Material to process Start Marker

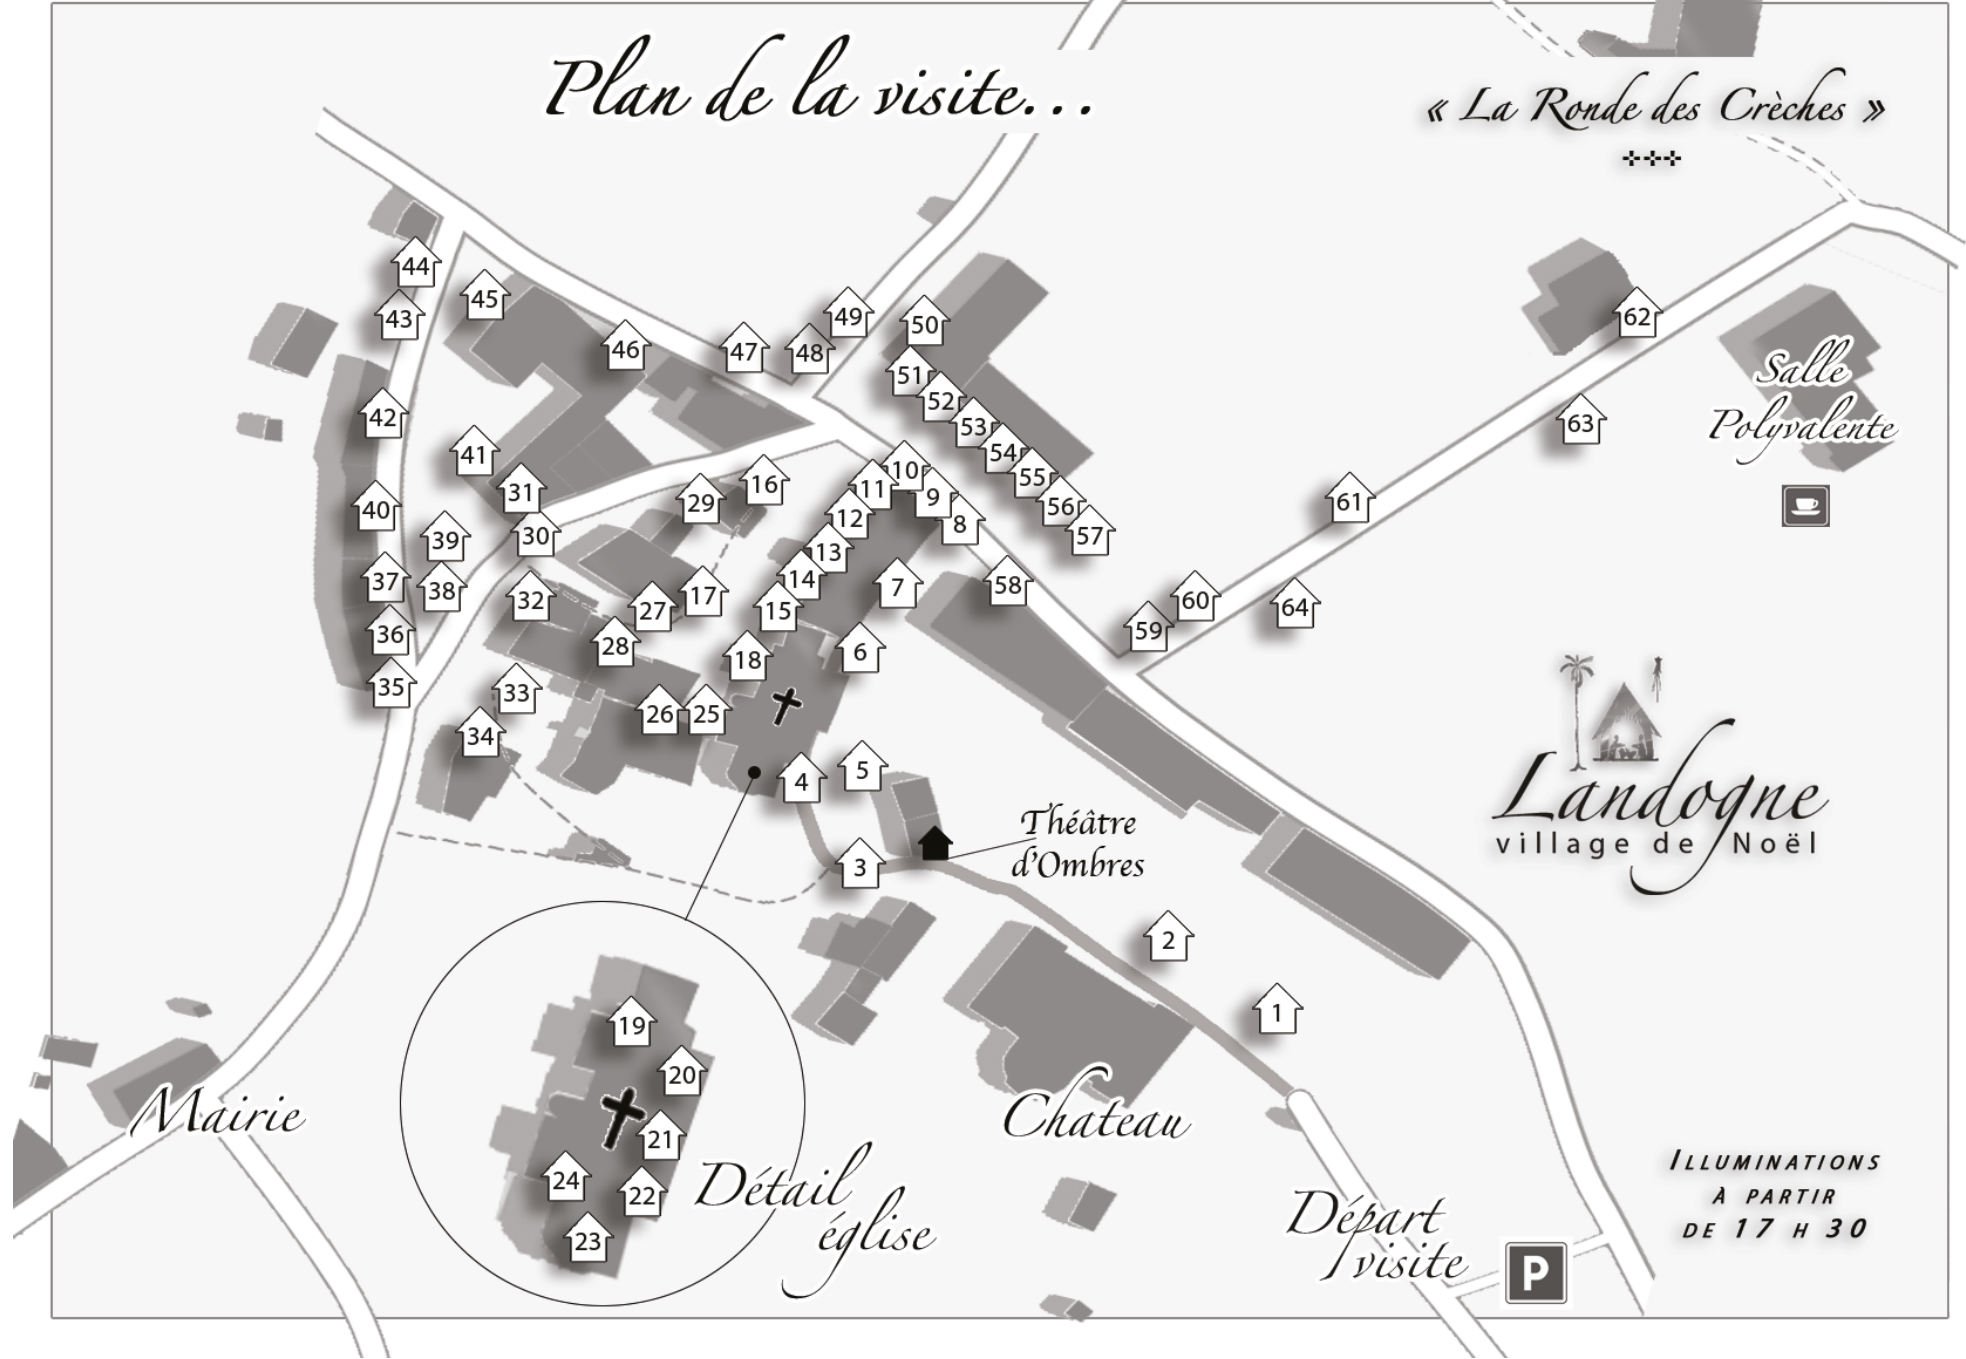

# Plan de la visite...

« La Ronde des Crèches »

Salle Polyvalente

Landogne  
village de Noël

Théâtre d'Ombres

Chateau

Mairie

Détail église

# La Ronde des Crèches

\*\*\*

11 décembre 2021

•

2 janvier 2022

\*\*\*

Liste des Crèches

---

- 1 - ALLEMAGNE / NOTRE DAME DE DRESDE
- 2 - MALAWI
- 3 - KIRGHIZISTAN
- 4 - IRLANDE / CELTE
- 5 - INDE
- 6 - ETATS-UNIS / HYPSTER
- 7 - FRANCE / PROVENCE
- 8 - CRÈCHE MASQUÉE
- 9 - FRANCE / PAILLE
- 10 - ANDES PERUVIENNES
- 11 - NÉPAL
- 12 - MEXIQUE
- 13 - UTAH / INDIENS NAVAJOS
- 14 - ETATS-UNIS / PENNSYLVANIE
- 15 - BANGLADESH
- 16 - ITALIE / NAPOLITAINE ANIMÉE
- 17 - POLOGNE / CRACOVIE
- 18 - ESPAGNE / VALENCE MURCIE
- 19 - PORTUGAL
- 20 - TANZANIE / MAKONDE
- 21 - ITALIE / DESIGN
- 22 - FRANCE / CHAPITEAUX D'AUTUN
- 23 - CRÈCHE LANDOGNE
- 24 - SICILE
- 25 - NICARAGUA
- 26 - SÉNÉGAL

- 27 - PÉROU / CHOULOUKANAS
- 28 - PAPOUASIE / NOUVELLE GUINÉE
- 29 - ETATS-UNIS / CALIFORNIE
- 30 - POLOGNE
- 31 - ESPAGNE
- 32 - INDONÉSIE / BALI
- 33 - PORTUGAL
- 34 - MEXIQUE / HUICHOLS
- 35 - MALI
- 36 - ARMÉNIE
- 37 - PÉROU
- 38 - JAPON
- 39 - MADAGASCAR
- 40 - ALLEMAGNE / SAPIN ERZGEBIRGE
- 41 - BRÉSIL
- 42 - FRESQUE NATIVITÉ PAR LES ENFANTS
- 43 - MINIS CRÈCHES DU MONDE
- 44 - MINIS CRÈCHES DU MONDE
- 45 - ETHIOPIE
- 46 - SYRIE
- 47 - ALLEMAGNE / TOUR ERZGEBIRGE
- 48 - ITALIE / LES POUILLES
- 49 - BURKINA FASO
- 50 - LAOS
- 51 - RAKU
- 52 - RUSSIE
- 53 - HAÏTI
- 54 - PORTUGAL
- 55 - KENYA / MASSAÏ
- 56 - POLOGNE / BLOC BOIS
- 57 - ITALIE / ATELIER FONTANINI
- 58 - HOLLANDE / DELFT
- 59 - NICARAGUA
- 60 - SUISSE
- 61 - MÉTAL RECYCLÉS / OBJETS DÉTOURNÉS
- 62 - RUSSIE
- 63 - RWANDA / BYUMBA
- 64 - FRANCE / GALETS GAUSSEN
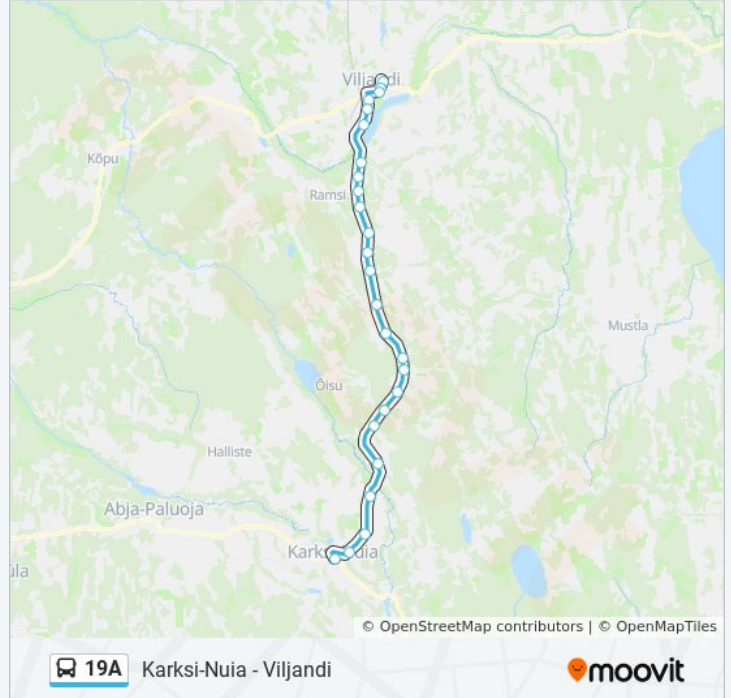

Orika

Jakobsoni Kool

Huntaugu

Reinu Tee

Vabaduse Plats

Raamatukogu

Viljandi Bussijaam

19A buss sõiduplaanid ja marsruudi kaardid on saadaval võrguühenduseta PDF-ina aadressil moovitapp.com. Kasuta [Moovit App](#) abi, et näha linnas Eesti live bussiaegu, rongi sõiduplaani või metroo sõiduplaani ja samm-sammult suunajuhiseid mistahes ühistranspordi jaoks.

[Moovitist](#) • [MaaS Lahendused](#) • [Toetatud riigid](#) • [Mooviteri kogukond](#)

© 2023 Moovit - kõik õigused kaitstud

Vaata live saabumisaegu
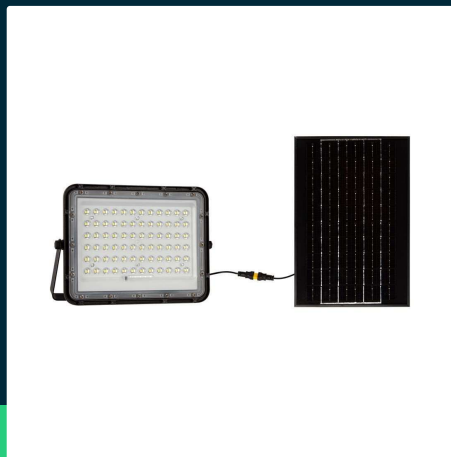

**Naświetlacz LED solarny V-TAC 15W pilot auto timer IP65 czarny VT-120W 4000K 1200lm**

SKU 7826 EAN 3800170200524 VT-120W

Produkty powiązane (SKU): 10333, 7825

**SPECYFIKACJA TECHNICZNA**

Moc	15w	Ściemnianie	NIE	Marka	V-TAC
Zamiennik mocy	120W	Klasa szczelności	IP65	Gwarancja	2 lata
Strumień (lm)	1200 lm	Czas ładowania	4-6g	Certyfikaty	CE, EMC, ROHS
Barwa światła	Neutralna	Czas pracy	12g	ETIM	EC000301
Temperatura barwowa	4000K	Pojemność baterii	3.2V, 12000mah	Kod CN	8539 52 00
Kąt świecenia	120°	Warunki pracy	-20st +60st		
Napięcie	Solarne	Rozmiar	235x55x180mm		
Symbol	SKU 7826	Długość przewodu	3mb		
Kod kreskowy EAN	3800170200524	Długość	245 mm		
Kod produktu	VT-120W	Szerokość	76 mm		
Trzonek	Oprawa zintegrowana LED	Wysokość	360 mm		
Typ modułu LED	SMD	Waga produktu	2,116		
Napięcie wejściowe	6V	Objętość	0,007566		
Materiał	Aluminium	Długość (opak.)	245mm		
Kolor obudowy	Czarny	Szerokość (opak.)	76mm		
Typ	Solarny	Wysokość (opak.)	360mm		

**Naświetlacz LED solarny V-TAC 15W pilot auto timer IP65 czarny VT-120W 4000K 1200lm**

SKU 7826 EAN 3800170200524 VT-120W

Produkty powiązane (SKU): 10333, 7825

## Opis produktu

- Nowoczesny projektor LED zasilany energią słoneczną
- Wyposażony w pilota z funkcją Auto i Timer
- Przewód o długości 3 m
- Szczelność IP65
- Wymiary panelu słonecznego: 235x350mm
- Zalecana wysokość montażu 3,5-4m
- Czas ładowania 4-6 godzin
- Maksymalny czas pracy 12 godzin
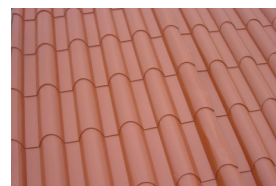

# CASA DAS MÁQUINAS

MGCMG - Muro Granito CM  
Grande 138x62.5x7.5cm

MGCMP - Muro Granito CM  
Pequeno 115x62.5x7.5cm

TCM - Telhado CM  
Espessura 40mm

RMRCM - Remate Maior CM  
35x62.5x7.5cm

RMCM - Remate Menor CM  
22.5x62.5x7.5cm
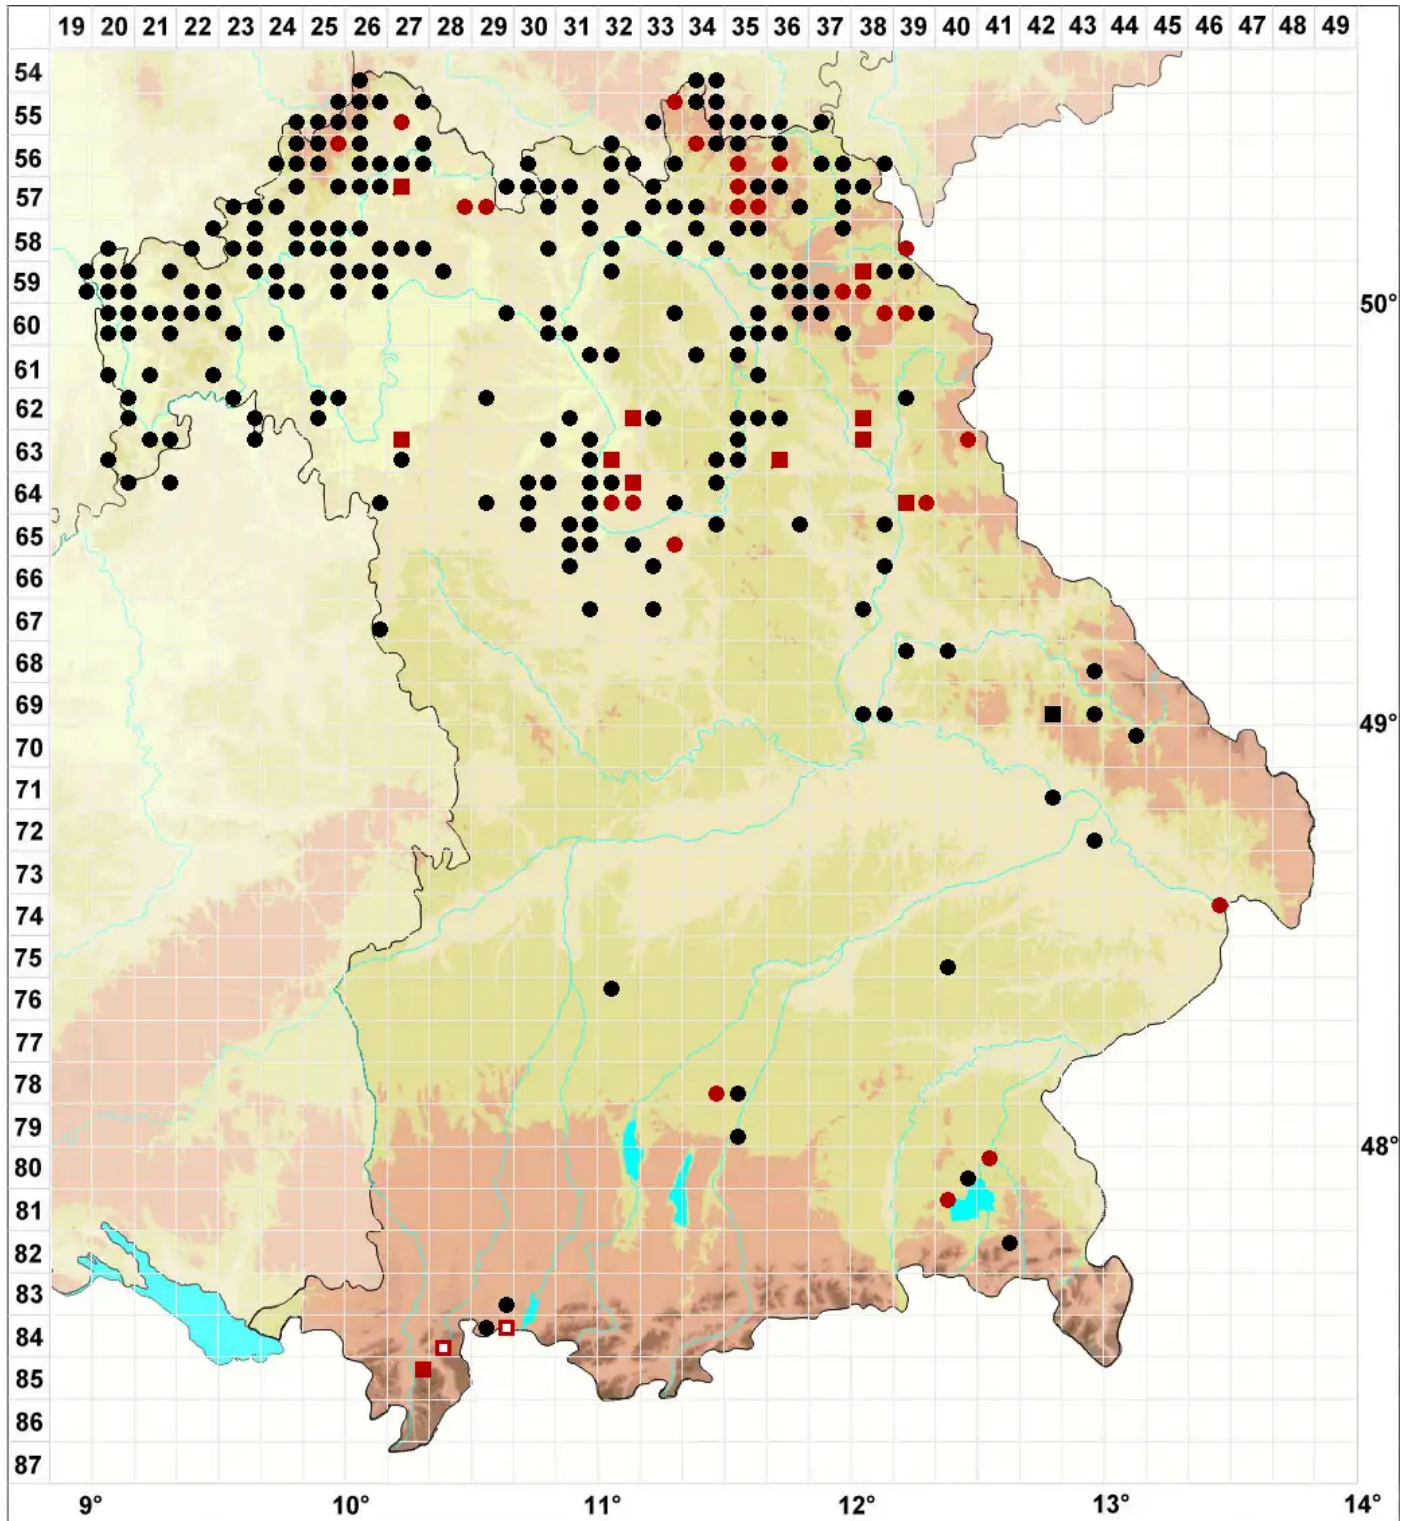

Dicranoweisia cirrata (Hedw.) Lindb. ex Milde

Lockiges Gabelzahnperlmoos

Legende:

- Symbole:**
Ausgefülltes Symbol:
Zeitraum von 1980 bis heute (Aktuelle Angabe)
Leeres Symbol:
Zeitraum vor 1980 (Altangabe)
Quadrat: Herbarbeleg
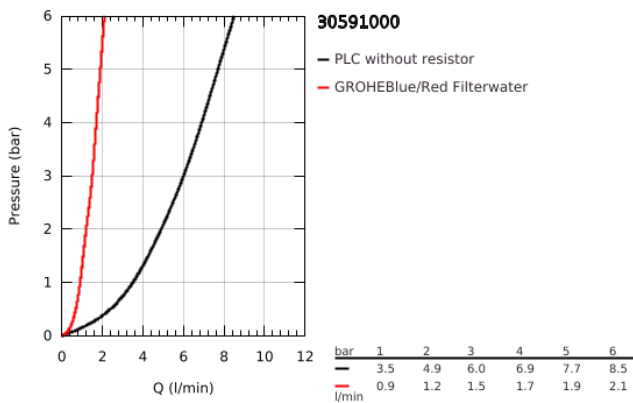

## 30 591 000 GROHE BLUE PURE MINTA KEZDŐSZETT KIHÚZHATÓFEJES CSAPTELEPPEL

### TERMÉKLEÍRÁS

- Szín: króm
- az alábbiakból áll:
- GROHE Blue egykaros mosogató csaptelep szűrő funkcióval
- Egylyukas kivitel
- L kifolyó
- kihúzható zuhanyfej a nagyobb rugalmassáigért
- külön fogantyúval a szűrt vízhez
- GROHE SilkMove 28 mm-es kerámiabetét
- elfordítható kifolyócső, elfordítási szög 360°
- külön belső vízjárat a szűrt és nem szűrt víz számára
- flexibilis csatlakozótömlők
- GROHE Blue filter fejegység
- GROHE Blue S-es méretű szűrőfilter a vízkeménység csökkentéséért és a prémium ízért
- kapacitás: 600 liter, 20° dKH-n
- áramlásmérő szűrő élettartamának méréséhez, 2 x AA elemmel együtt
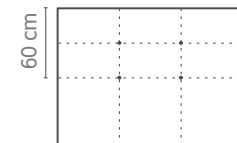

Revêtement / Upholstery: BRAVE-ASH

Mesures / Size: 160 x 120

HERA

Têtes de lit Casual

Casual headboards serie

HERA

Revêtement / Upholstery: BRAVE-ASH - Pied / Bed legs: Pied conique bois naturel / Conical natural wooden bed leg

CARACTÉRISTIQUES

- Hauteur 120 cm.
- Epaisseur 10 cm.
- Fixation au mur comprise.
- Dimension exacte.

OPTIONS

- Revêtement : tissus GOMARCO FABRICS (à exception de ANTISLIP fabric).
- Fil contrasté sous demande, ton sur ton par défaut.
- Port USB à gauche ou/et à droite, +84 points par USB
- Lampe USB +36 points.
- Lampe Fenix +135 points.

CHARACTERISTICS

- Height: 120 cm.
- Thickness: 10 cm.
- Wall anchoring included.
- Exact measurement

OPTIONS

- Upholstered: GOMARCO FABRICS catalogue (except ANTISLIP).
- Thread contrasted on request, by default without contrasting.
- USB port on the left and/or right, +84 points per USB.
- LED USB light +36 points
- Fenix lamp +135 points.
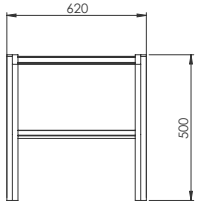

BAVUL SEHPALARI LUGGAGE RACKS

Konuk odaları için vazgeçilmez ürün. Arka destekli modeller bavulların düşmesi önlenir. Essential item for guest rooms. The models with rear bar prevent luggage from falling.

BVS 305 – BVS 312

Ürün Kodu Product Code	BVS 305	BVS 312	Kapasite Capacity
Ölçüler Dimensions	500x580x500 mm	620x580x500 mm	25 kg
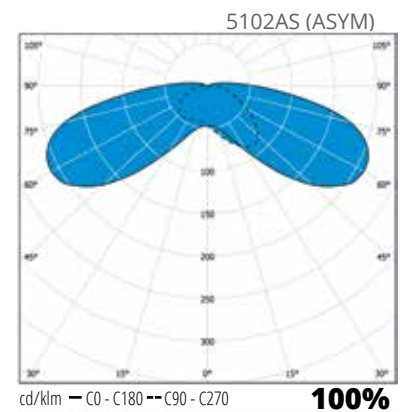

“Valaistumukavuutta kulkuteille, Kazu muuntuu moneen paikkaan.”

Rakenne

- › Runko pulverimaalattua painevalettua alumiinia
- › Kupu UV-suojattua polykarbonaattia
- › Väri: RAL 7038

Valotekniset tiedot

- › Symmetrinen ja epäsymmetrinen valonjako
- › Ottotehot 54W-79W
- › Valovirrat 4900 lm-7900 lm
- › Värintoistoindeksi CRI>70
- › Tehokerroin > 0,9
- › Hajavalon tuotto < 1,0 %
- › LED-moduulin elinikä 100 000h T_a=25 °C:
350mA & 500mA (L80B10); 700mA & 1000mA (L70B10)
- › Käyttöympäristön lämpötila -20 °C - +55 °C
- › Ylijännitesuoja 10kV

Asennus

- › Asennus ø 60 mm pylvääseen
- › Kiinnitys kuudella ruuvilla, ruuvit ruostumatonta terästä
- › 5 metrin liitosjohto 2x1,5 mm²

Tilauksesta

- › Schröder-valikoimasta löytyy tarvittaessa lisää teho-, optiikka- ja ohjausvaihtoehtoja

Material to process End Marker

What you will do: Return nothing but the lines running from the start of the data to the line with "- 13 - UTAH / INDIENS NAVAJOS", please, both ends included and no pictures.

Solved exercise:
# Plan de la visite...

« La Ronde des Crèches »

Salle Polyvalente

Landogne  
village de Noël

Théâtre d'Ombres

Chateau

Mairie

Détail église

# La Ronde des Crèches

\*\*\*

11 décembre 2021

•

2 janvier 2022

\*\*\*

Liste des Crèches

---

- 1 - ALLEMAGNE / NOTRE DAME DE DRESDE
- 2 - MALAWI
- 3 - KIRGHIZISTAN
- 4 - IRLANDE / CELTE
- 5 - INDE
- 6 - ETATS-UNIS / HYPSTER
- 7 - FRANCE / PROVENCE
- 8 - CRÈCHE MASQUÉE
- 9 - FRANCE / PAILLE
- 10 - ANDES PERUVIENNES
- 11 - NÉPAL
- 12 - MEXIQUE
- 13 - UTAH / INDIENS NAVAJOS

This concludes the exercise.